Tuesday, June 22, 2010

2009 Lao Shan Cha (“Korea type”)

Shandong Province of China is quite close to South Korea, being separated just by small part of Yellow Sea. Laoshan District, part of this province is even closer – and that’s where this tea is from.

Having a large Korean minority and similar geographical conditions to South Korea, Shandong is, as far as I know, the northernmost place in China to produce tea. It thus is no wonder that these teas are said to be really similar to Korean teas, being often even labeled as “Korean type” and other names that have something to do with this neighbouring country.

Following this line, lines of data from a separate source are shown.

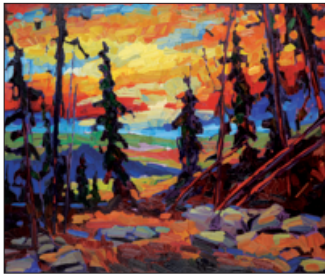

043 ■ MARYANNE JESPERSEN
Triumphal oil on canvas
$1,200/1,500 30x36 in. / 76x91 cm.
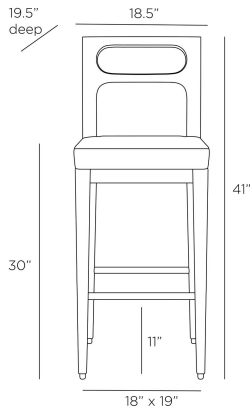

ARTERIOS

THADEN BAR STOOL

FSI06
Natural, Linen

Inspired by Mid-Century Italian ladder-back chair construction, our Thaden bar stool is reimagined with thoughtful details and soft, modern curves. The simple, yet elegant, chair is crafted in ebony mango wood, with tapered legs, and with a natural linen seat. Recessed sabots and a stretcher in antique brass complete the piece. Finish will vary.

APPEARANCE

Materials	Linen, Wood, Brass
Finishes	Natural, Ebony, Antique Brass
Finish Will Vary	Yes
Top Coat/Sealant	No

DIMENSIONS

Overall	W: 18.5 in x D: 19.5 in x H: 41 in
Foot Print	W: 18 in x D: 19 in
Seat Cushion Thickness	H: 3 in
Leg	H: 27 in
Seat Back	H: 11 in
Seat	W: 18.5 in x D: 16 in x H: 30 in
Diagonal Dimensions	W: 45 in

SHIPPING

Shipping Requirements	Truck Ship
Product Weight	19.0 lbs
Gross Weight 1	30.14 lbs
Shipping Box 1	W: 44.0 in x D: 22.0 in x H: 24.0 in

ADDITIONAL INFO

Features	Sustainable
Fabric Certification	NFPA-260, TB117-2013
Fabric Composition	100% Linen
Fabric Cleaning Code	S - dry clean only
Fabric Wear Abrasion	5,000
Reupholstery Requirements	1 Yard
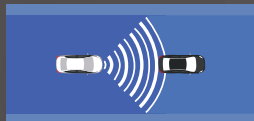

ADAPTIVE CRUISE CONTROL
Detects a preceding vehicle and follow within a safe distance, therefore reducing the fatigue of long driving.
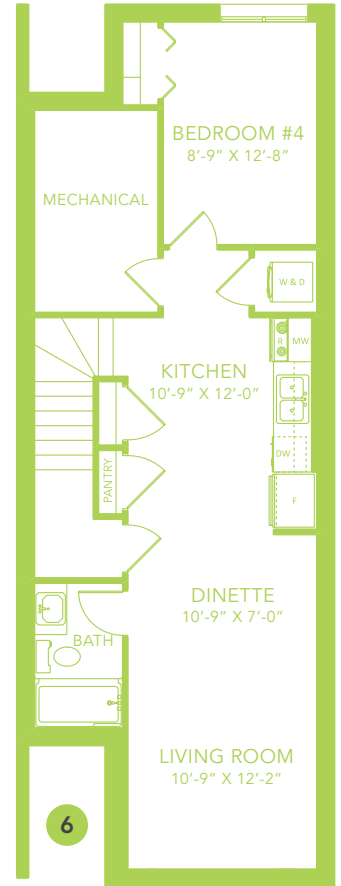

AURORA K

LANED HOME

1705 SQ FT

MAIN FLOOR 835 SQ FT

SECOND FLOOR 870 SQ FT

3-4 BEDS

2.5-3 BATHS

3-4 BEDS

2.5-3 BATHS

1705 SQ FT

OPTIONS

1 Fireplace Options

2 Lengthen Great Room by 2'

3 Main Floor Bedroom & Full Bathroom

4 Side Entry

5 Rear Veranda

When you consider all these factors, this tea can be accused of being another cheap, Chinese fake of product far more expensive – can be, but it’s not so accurate, as most similarities end in point of geographical location and appearance of the leaves.

This sample was thankfully received as a small curiosity to try. I was really curious; wouldn't it be nice to have a cheap tea, similar to much more expensive Korean greens for everyday drinking?

First surprise comes after opening the package, as dry leaves smell similar to Vietnamese green teas rather than Korean. It’s a bit rough, somehow sour scent; it’s also evident that this tea already isn’t fresh.

This character continues and deepens in first infusion, which is quite spicy and muggy in taste and even more sour in smell. There is also quite strong bitterness; not that noble, desired bitterness, but something not so pleasant and even disturbing in some way. I’m in a strong need to eat something sweet after drinking this tea.

Second infusion is absolutely the same, not bringing out anything new or interesting.

So is the third infusion.

I made just three infusions; the tea hasn’t impressed me. Maybe it’s because I expected something completely different, but there was nothing that special in this tea. Or maybe my taste buds are too spoiled. I'm not telling that it's absolutely bad, but...

Next review is finally going to be real Korean green tea, specifically 2010 Jungjak Nokcha by Jukro Tea Company. I can already say that it’s incredibly wonderful.


  1. What water temp did you brew it at?
    That might play into it.
    Did you experiment with all your parameters?

  2. William,

    I used 70°C (about 150 F, I think) hot water, same temperature and amount as I usually use for Korean green tea - at this temperature, most teas doesn't tend to get this bitter. I also tried changing the brewing time and amount of water, but nothing seemed to deliver up good result.
    The tea just isn't of great quality, but I haven't expected anything special, as the cost is just about 3 Euro for 50 grams - often not even one tenth of price of Korean original.

  3. This is fascinating to me. I have never tried any tea from Korea, nor any from Shandong province. On RateTea.net, we currently list a single tea from Shandong: Five Peaks Mountain, also a green tea, sold by Shanti Tea, a new Canadian tea company worth looking at if you have not yet seen it.

    I find it interesting too because Shandong is fairly far north...and I have never encountered any tea being grown farther north than that in China or Korea.